About this exercise: What lines below contain the word "Pashto"? Please pull each one out.

Excerpted data:
◆ ◆ ◆

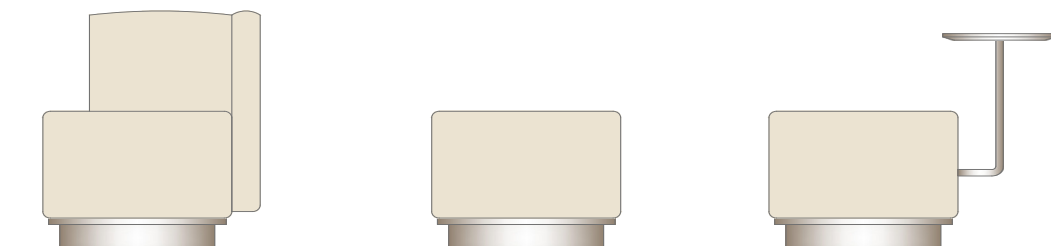

#### DETAILS

*Brushed brass*

### DIMENSION

cm Ø50xH43

cm Ø50xH43/70

cm Ø50xH74
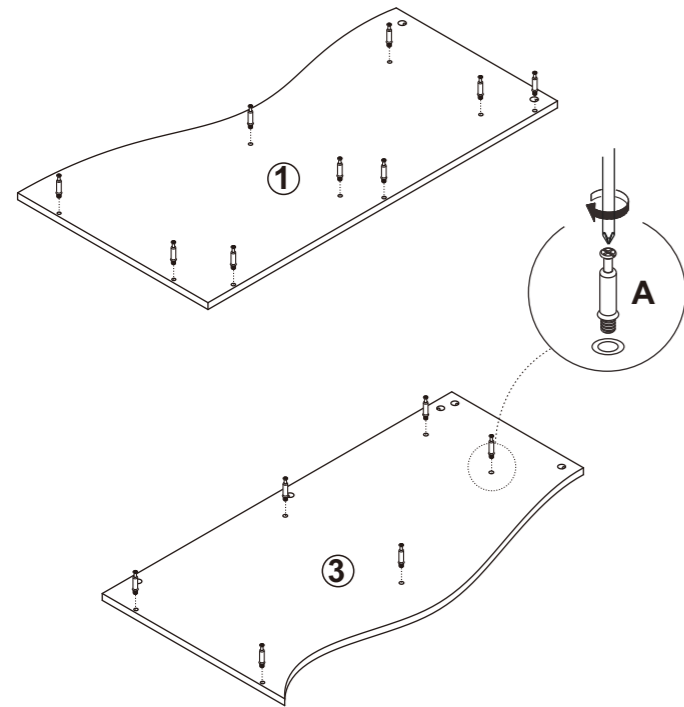

Step 5

A×15

Step 6

B×6

Step 9

B×4

Step 10

F×1

Step 7

B×9

Step 8

Step 11

G×2

Step 12

G×2
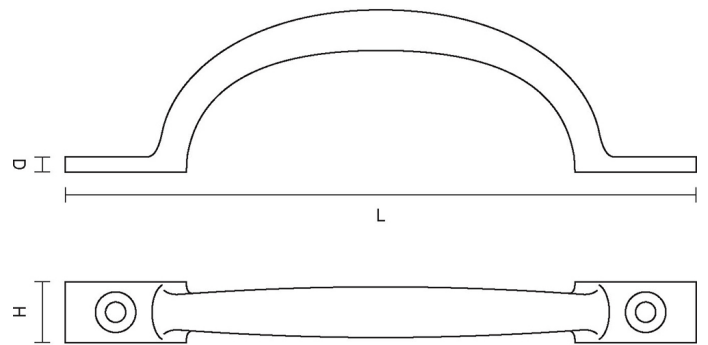

CROFT

Product Code: 1861-5

Product Name: Sash Handle

Description: Part of the Cast Bronze Collection.

Shown here in our Tudor Bronze finish.

Product Information

Part of the Cast Bronze Collection.

Sizes	L	W	D
5"	124	12	4
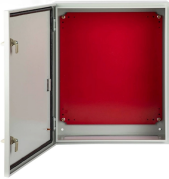

The MLX Series from Lithonia Lighting®, part of Acuity Brands, is a flexible, modern, and design-forward linear low bay platform. MLX isn't just another strip light. It's a bold reimagining of what linear lighting ...
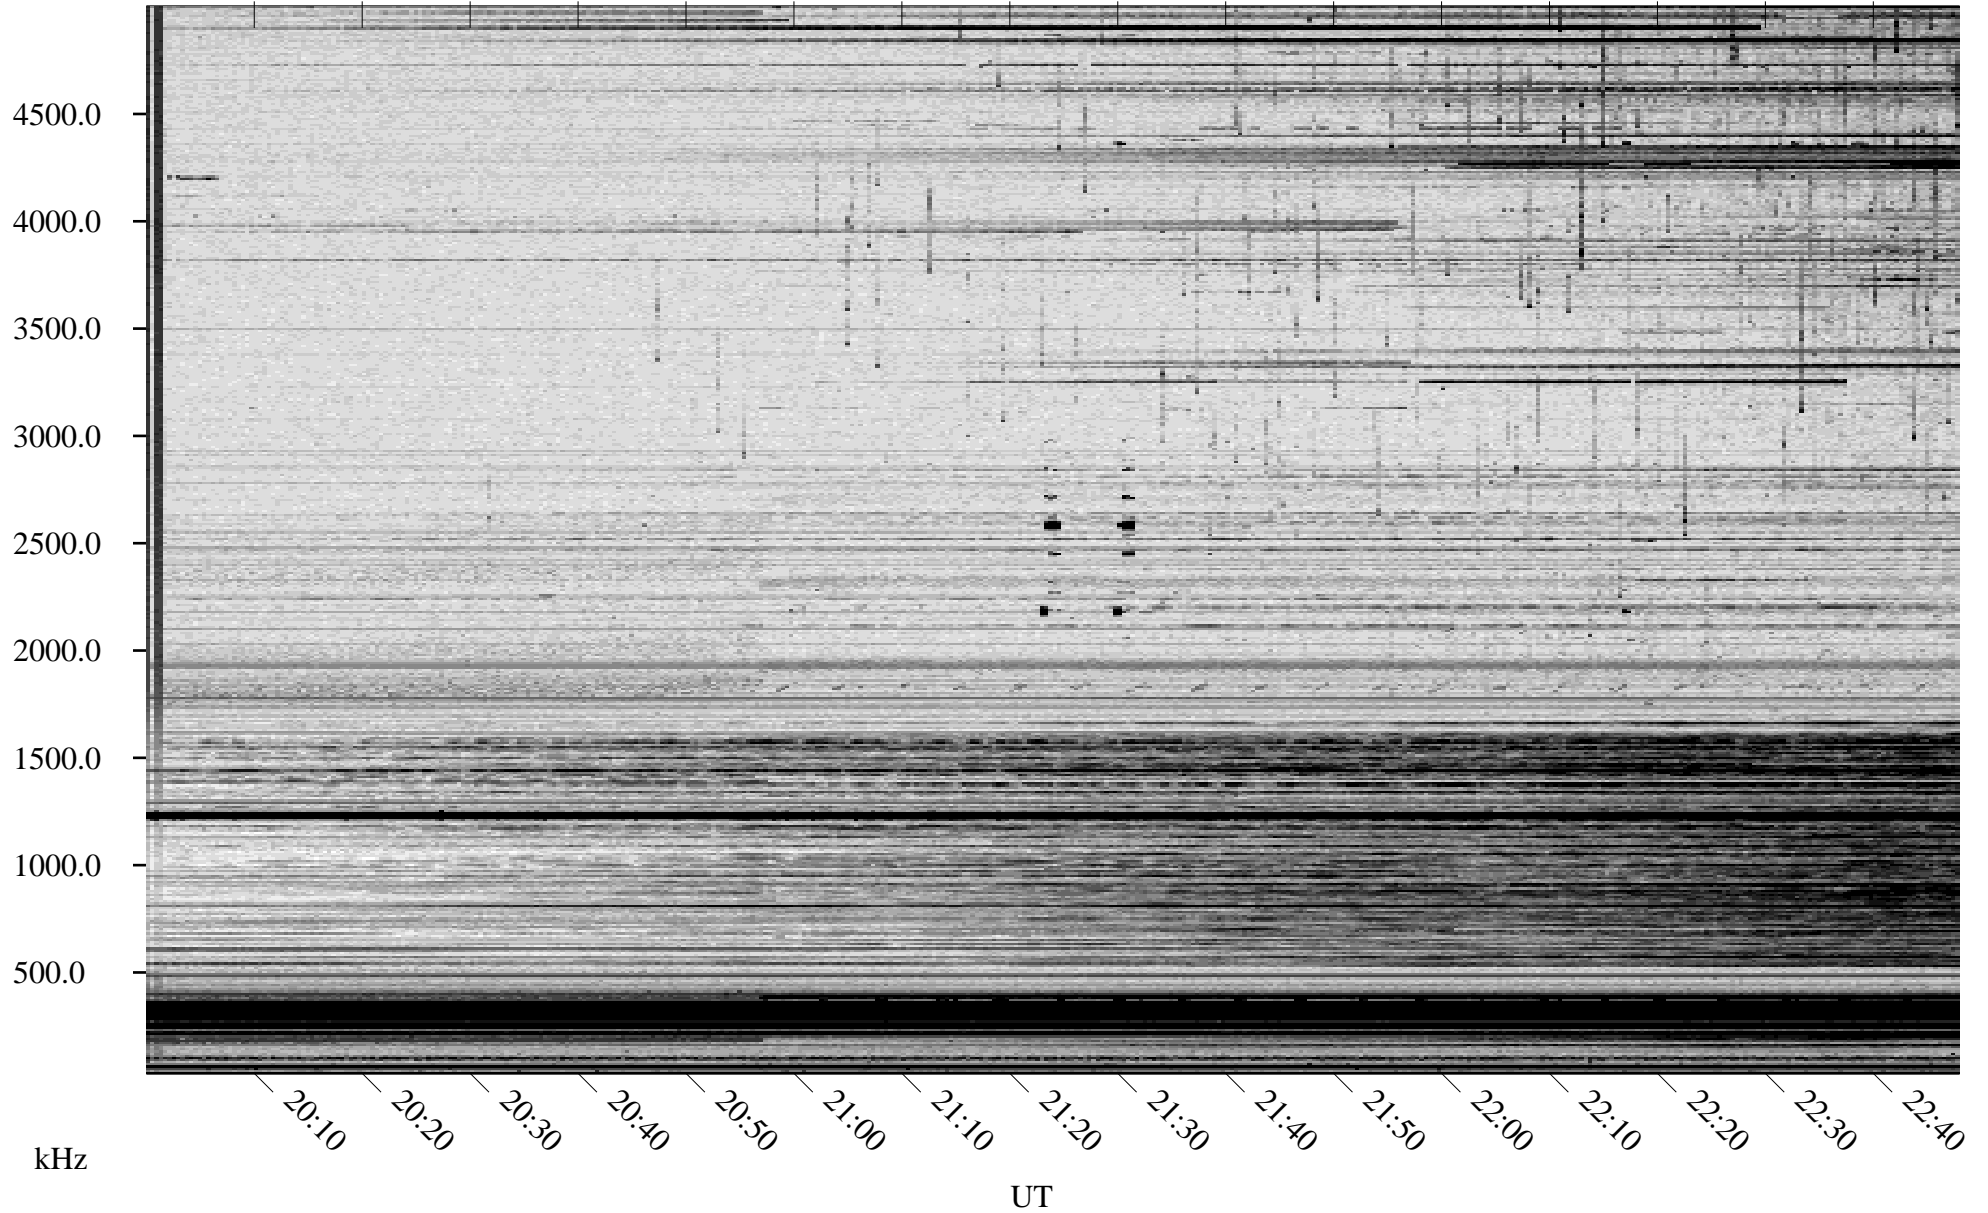

10/08/2008 Churchill, Manitoba

Linear Scale Black = 161 White = 15

ch08282l.r00SUm max_12

Page 1

10/08/2008 Churchill, Manitoba

Linear Scale Black = 161 White = 15

ch08282l.r00SUm max_12

Page 2

10/09/2008 Churchill, Manitoba

Linear Scale Black = 161 White = 15

ch08282l.r00SUm max_12

Page 3

10/09/2008 Churchill, Manitoba

Linear Scale Black = 161 White = 15

ch08282l.r00SUm max_12

Page 4

10/09/2008 Churchill, Manitoba

Linear Scale Black = 161 White = 15

ch08282l.r00SUm max_12

Page 5

10/09/2008 Churchill, Manitoba

Linear Scale Black = 161 White = 15

ch08282l.r00SUm max_12

Page 6

10/09/2008 Churchill, Manitoba

Linear Scale Black = 161 White = 15

ch08282l.r00SUm max_12

Page 7

10/09/2008 Churchill, Manitoba

Linear Scale Black = 161 White = 15

ch08282l.r00SUm max_12
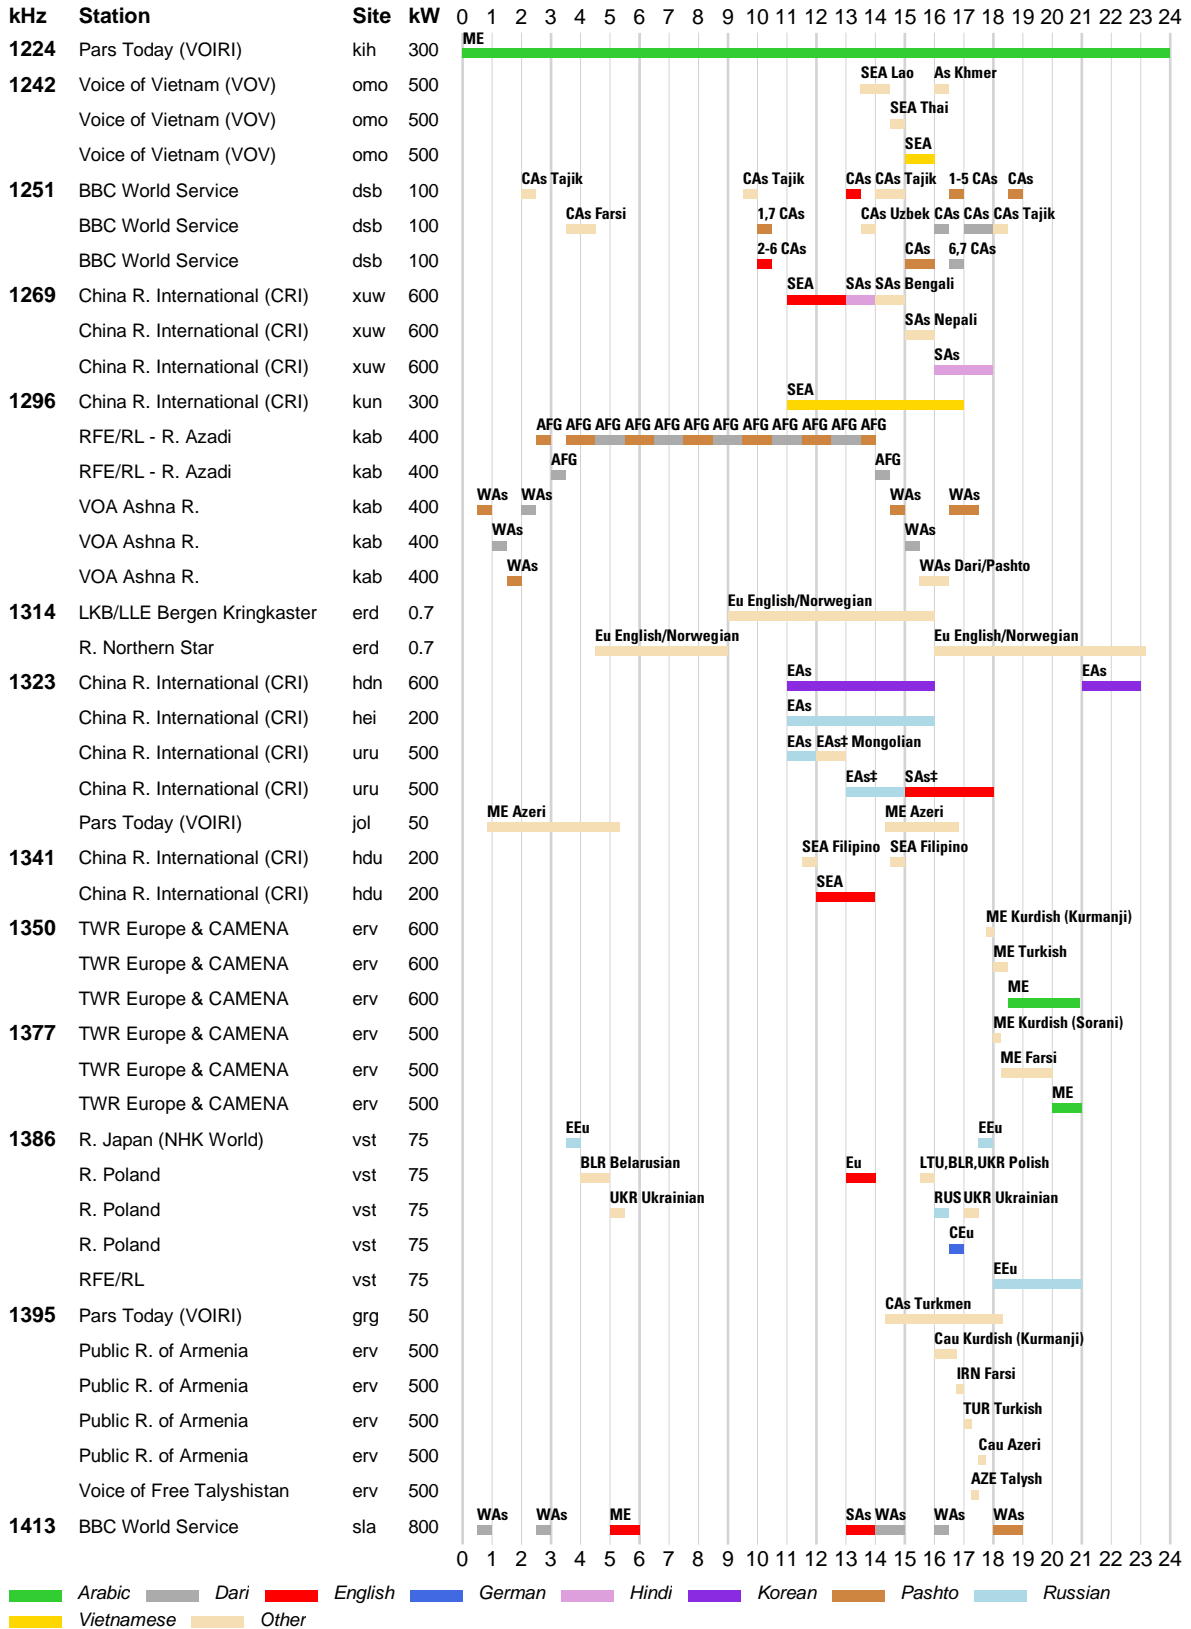

WORLD RADIO TV HANDBOOK

WRTH

BARGRAPH FREQUENCY GUIDE

B21

INTERNATIONAL BROADCASTS & DOMESTIC SHORTWAVE

█ Arabic █ Chinese █ Dari █ English █ Japanese █ Korean █ Pashto
█ Portuguese █ Russian █ Spanish █ Urdu █ Vietnamese █ Other

INTERNATIONAL BROADCASTS & DOMESTIC SHORTWAVE

WRTH BARGRAPH FREQUENCY GUIDE

█ Arabic
 █ Dari
 █ English
 █ German
 █ Hindi
 █ Korean
 █ Pashto
 █ Russian
█ Vietnamese
█ Other

INTERNATIONAL BROADCASTS & DOMESTIC SHORTWAVE

█ Arabic █ Dari █ English █ French █ Hausa █ Hindi █ Pashto █ Portuguese
█ Russian █ Urdu █ Vietnamese █ Other

WRTH BARGRAPH FREQUENCY GUIDE

INTERNATIONAL BROADCASTS & DOMESTIC SHORTWAVE

WRTH BARGRAPH FREQUENCY GUIDE

◆ ◆ ◆

Task answer:
█ Arabic █ Chinese █ Dari █ English █ Japanese █ Korean █ Pashto
 █ Pashto
█ Arabic █ Dari █ English █ French █ Hausa █ Hindi █ Pashto █ Portuguese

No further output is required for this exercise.